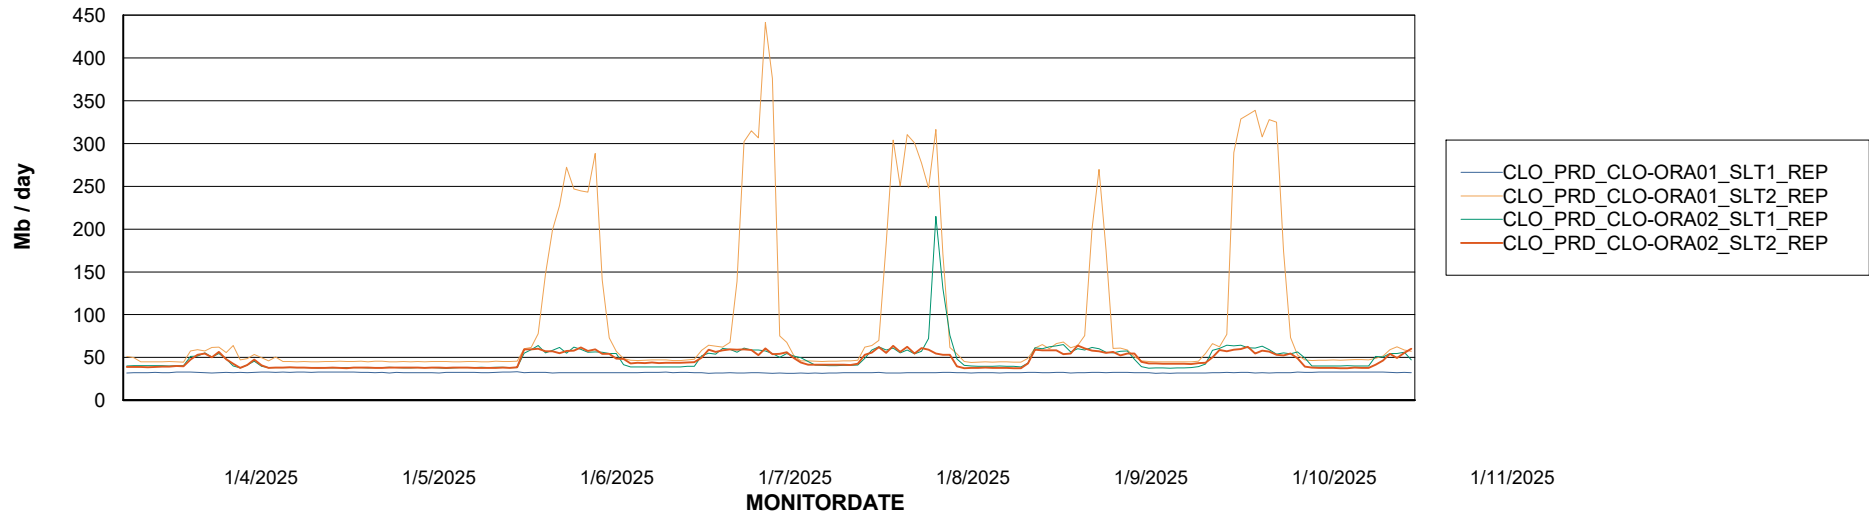

Avg memory used per ABS Server Service

Avg users per day per ABS server

Weekly SLA Customer Report

Customer CLO Production
Database ID 38

ABSSolute Application ReportServer Services

Avg memory used per ReportServer Service
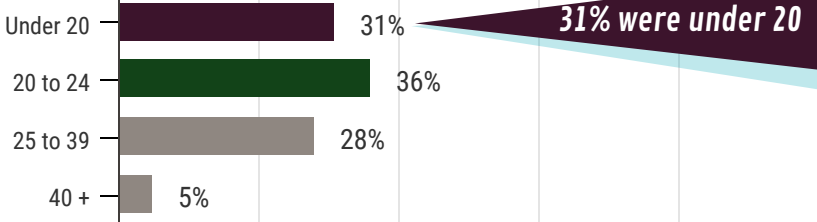

VALLEY COLLEGE

7,121

Hispanic / Latinx students enrolled in classes for credit in **Fall 2019**

65%
were **CONTINUING** students

78%
attended **PART-TIME**

57%
were **FEMALE**

67%
were under 25

54%
utilized **Financial Aid Grants**

● ● ●

* What to produce
Go through the data above and tally every line that includes "memory". State only the total.

* Response area
2